- **Stored records**
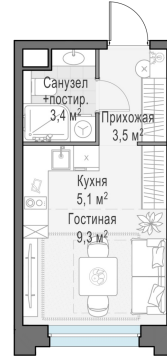

Планировка

С мебелью

Студия №364, 21.3м²

Корпус 12.2, Секция 3, Этаж 16 из 23

6 090 000₽

285 916₽/м²

● м. «Медведково»

Отделка

Без отделки

Ввод

III квартал 2026

На этаже

На генплане

Квартира на сайте
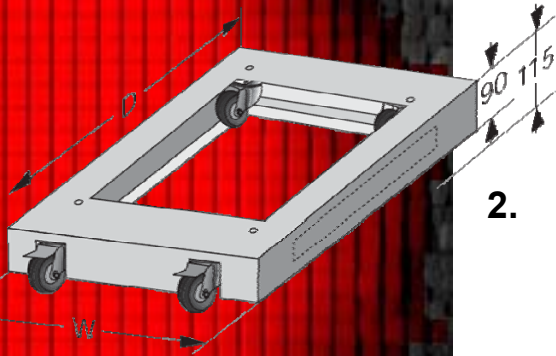

PEKRA S.C.
91-342 Łódź
ul. Zbąszyńska 5

OFERTA:
Akcesoria do szaf
teleinformatycznych
10" i 19"

WWW.PEKRA.PL

1. COKÓŁ

konstrukcja skręcana
możliwość doprowadzenia kabli
możliwość zamocowania kółek

2. COKÓŁ PRZECIW-PRZECHYŁOWY

podstawa na rolkach z 2 rolkami prowadzącymi
przepust kabli z tyłu i z boku
łatwa do otwarcia zaślepka boczna
tylna przepustnica kabli ze szczotkami

3. PŁYTA DACHOWA PEŁNA

do szaf optiRACK i optiRACK PLUS
może stanowić element dekoracyjny
może być podniesiona o 20mm dla ułatwienia wentylacji
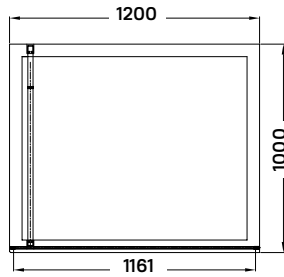

**TINO
WALK-IN ZUHANYFAL**

- **Task statement**
Please repeat every record above exactly, but leave out the pictures.

- **Output of the exercise**
Планировка

С мебелью

Студия №364, 21.3м²

Корпус 12.2, Секция 3, Этаж 16 из 23

6 090 000₽

285 916₽/м²

● м. «Медведково»

Отделка

Без отделки

Ввод

III квартал 2026

На этаже

На генплане

Квартира на сайте

PEKRA S.C.
91-342 Łódź
ul. Zbąszyńska 5

OFERTA:
Akcesoria do szaf
teleinformatycznych
10" i 19"

WWW.PEKRA.PL

1. COKÓŁ

konstrukcja skręcana
możliwość doprowadzenia kabli
możliwość zamocowania kółek

2. COKÓŁ PRZECIW-PRZECHYŁOWY

podstawa na rolkach z 2 rolkami prowadzącymi
przepust kabli z tyłu i z boku
łatwa do otwarcia zaślepka boczna
tylna przepustnica kabli ze szczotkami

3. PŁYTA DACHOWA PEŁNA

do szaf optiRACK i optiRACK PLUS
może stanowić element dekoracyjny
może być podniesiona o 20mm dla ułatwienia wentylacji

**TINO
WALK-IN ZUHANYFAL**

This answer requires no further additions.